3. Working with kernel probes

Kernel Tracing

In this lab you will experiment with tracing the Linux kernel using four different probe types:

kprobe: dynamically instrumented kernel function probes that do not have overhead when disabled and minimal overhead when enabled.
kfunc: provides mostly the same functionality as a 'kprobe' but with even less overhead and the big advantage of having fully typed arguments using the kernel's BTF type system. However, you cannot attach to arbitrary offsets into the kernel function unlike with kprobe. kfunc as a probe name is not to be confused with the BPF kernel functions known as kfuncs which are regular kernel functions that are exposed for use by bpf programs . kfunc when used as a name for a probe is a synonym for fentry kernel functions. The probe name of kfunc probably originated in bcc but that's not important really for now.
tracepoint: statically defined probe sites in the Linux kernel source code. Tracepoints are more stable than dynamic probes both in terms of probe naming and also in their arguments. Tracepoints cannot be optimized out by the compiler.
rawtracepoint: essentially identical in terms of functionality to a tracepoint probe. The only difference is that rawtracepoint offers access to raw arguments instead of typed, pre-formatted arguments.
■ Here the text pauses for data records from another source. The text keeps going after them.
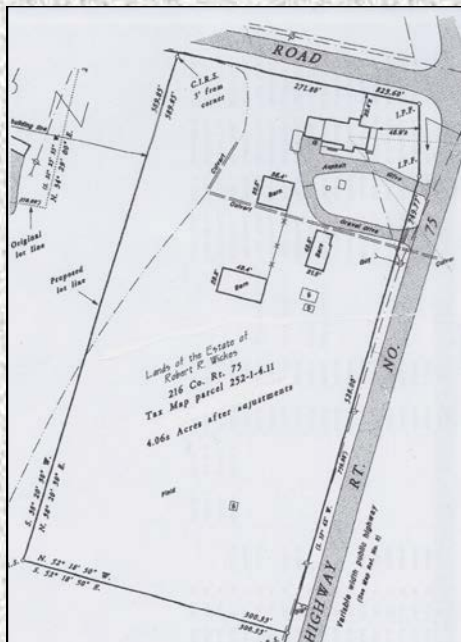

216 County Rd 75, Stillwater

**Charming Farmhouse on 4 Acres
Corner of Co Rd 75 & Mc Dermott Rd**

Good Condition
7 Bedrooms, 2 Full Baths
Living Room & Dining Room
Country Kitchen

Oil Hot Air & Wood Stove Heat
Well & Septic
Vinyl Siding & Slate Roof
1 Car Attached Garage
Barn & Outbuildings

House 2,638 sq.ft. approx.
222 years old
Total Taxes \$4500 approx.
Lot 4.06 Acres
Frontage on Co Rd 75: 608'
Frontage on McDermott Rd: 271'

Peter Buck - Buck Land & Cattle Co.
2 Stonebreak Rd, Malta, NY 12020
Office: 518-899-0065
www.BuckLandandCattle.com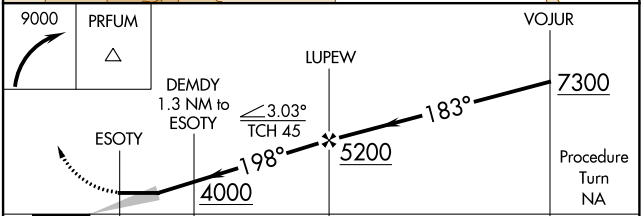

APP CRS 198°	Rwy Idg 6827
	TDZE 3403
	Apt Elev 3449

RNAV (GPS) Y RWY 21

KINGMAN (IGM)

▽ ▲	DME/DME RNP-0.3 NA.	MISSED APPROACH: Climbing right turn to 9000 direct PRFUM and hold, continue climb-in-hold to 9000.
----------------------	---------------------	---

ASOS 119.275	LOS ANGELES CENTER 124.85 319.2	UNICOM 122.8 (CTAF) 📶
------------------------	---	--

ELEV 3449	D	TDZE 3403
-----------	----------	-----------

CATEGORY	A	B	C	D
LNAV MDA	3820-1	417 (500-1)	3820-1¼	417 (500-1¼)
CIRCLING	3980-1 531 (600-1)	4020-1 571 (600-1)	4020-1½ 571 (600-1½)	4140-2¼ 691 (700-2¼)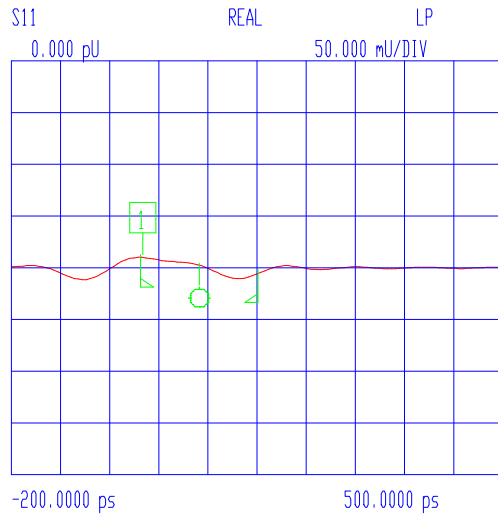

VNA: 37369A

MODEL: 32-1035
DEVICE: 1

DATE:
OPERATOR:

Port1 ext:601.5ps 4GHz. Fx-0134

START: 0.040000000 GHz	GATE START: -12.0000 ps	ERROR CORR: REFL PORT1
STOP: 5.000000000 GHz	GATE STOP: 154.4900 ps	AVERAGING: 1 PT
STEP: 0.040000000 GHz	GATE: NOMINAL	IF BNDWDTH: 1 KHz
	WINDOW: NOMINAL	

CH 4 - S11
REFERENCE PLANE
18.0267 cm

MARKER 1
4.000000000 GHz
1.046 U

MARKER TO MAX
MARKER TO MIN

MARKER READOUT
FUNCTIONS

A side note: navigating kernel type information

When writing tracing scripts we often need to reach into structures to extract structure members that we are interested in at that specific point in execution. This lab assumes that the kernel you are running on has type information available via the BTF type subsystem. To verify BTF is available on your system:

sudo bpftrace --info |& grep -i btf

Example output:

  btf: yes
  module btf: yes

Of course you could use the kernel source code but the BTF on your system provides the exact type definitions for the objects found on your system so you should use that if possible.

A side note: available probe points

A significant amount of kernel functions are available to be traced but not all of them. The primary reason why a function may not be available is because it has been inlined by the compiler and, currently, bpftrace cannot expose inlined functions. (Work is currently ongoing to expose inlined functions).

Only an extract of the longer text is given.